Selon Statistique Canada, les grandes entreprises de 250 employés ou plus sont deux fois plus susceptibles que les petites, de 10 à 49 employés, d’être visées par les cyberattaques.

Les entreprises ont dépensé 14 milliards $ en cybersécurité en 2017

OTTAWA — Les entreprises canadiennes ont consacré 14 milliards $ à la cybersécurité en 2017, alors qu’elles sont confrontées à des risques plus importants dans le monde numérique, a indiqué lundi Statistique Canada.

Le motif des attaques était plus souvent une tentative de vol d’argent ou une demande de paiement d’une rançon, selon le rapport de l’agence fédérale. Le vol d’informations personnelles ou financières était moins répandu - ne représentant que moins du quart des cyberattaques - même s’il s’agissait tout de même de la raison la plus citée pour investir dans la cybersécurité.

«Les entreprises canadiennes continuent d’adopter rapidement Internet et les technologies numériques, ce qui les expose à de plus grands risques et menaces en matière de cybersécurité», a affirmé lundi Statistique Canada dans un communiqué.

«Toutefois, l’incidence de ces risques et de ces menaces sur les investissements et les décisions quotidiennes des entreprises n’est pas facilement comprise, car les incidents de cybersécurité ne sont souvent pas signalés.»

Selon Statistique Canada, seulement 10% des entreprises ont signalé des incidents de cybersécurité aux organismes chargés de l’application de la loi l’an dernier.

Pour dissuader, détecter les cyberattaques ou en récupérer, les entreprises ont déboursé 8 milliards $ en personnel et en sous-traitance, a précisé le rapport. En outre, les sociétés ont allongé 4 milliards $ en logiciels de cybersécurité et matériels connexes et 2 milliards $ en autres mesures de prévention et de reprise. Le total de ces dépenses représentait moins d’un pour cent de leurs recettes totales.

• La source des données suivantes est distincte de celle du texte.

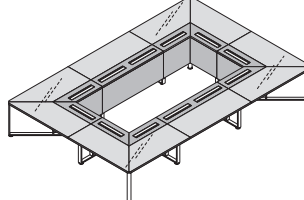

L.480 x p.320 x H.75

L width	GAMBE VERNICIATE painted legs
	L.480 ART. 579
L.480	GAMBE CROMATE chromed legs
	ART. 679
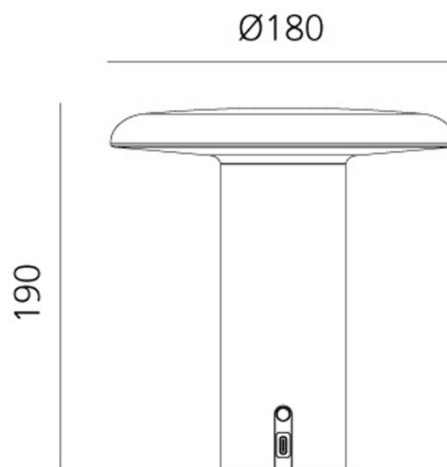

PRODUCT SPECIFICATION

Light Source: 2.4W, 3000K, 145 lumens

IP Code: 20

Dimming: Integrated dimmer on the product.

Dimensions: Shade: Ø18cm
Height: 19.1cm
Base: Ø6.5cm
Charger Cable Length: 75cm

For all sales and technical enquiries, please contact:

Les grandes entreprises visées

Selon l’agence, les grandes entreprises de 250 employés ou plus sont deux fois plus susceptibles que les petites, de 10 à 49 employés, d’être visées par ces malversations. Le «temps d’arrêt total» moyen des cyberattaques était de 23 heures par entreprise en 2017.

Les violations de données sont devenues un élément familier du paysage corporatif. La semaine dernière, Facebook a indiqué qu’une attaque sur ses systèmes informatiques, dont l’existence avait été révélée deux semaines plus tôt, avait touché 30 millions d’utilisateurs.

En août, quelque 20 000 clients d’Air Canada ont appris que leurs données personnelles avaient peut-être été compromises à la suite d’une violation de l’application mobile de la compagnie.

L’année dernière, Equifax a indiqué qu’environ 100 000 consommateurs canadiens auraient pu voir leurs informations personnelles compromises lors d’une cyberattaque massive contre la société de données de crédit.

Au cours des trois dernières années, des millions de consommateurs ont été affectés par de nombreuses attaques parmi une panoplie de sociétés telles que British Airways, Uber, Deloitte, Ashley Madison et Walmart.

Theo Van Wyk, responsable de la cybersécurité chez le fournisseur de services informatiques Scalar Decisions, a observé plus tôt cette année que l’ajout de personnel de sécurité et de logiciels n’avait pas enrayé le flot de cyberattaques.

«Alors que les atteintes à la cybersécurité deviennent la nouvelle norme, les organisations ne peuvent pas faire preuve de complaisance», a-t-il estimé. «Le nombre croissant d’infractions à fort impact coïncide avec les coûts croissants de la récupération.»

Les données de l’enquête - la première du genre au Canada - ont été recueillies entre janvier et avril 2018, auprès d’un échantillon de 12 597 entreprises. Son taux de réponse a été de 86%.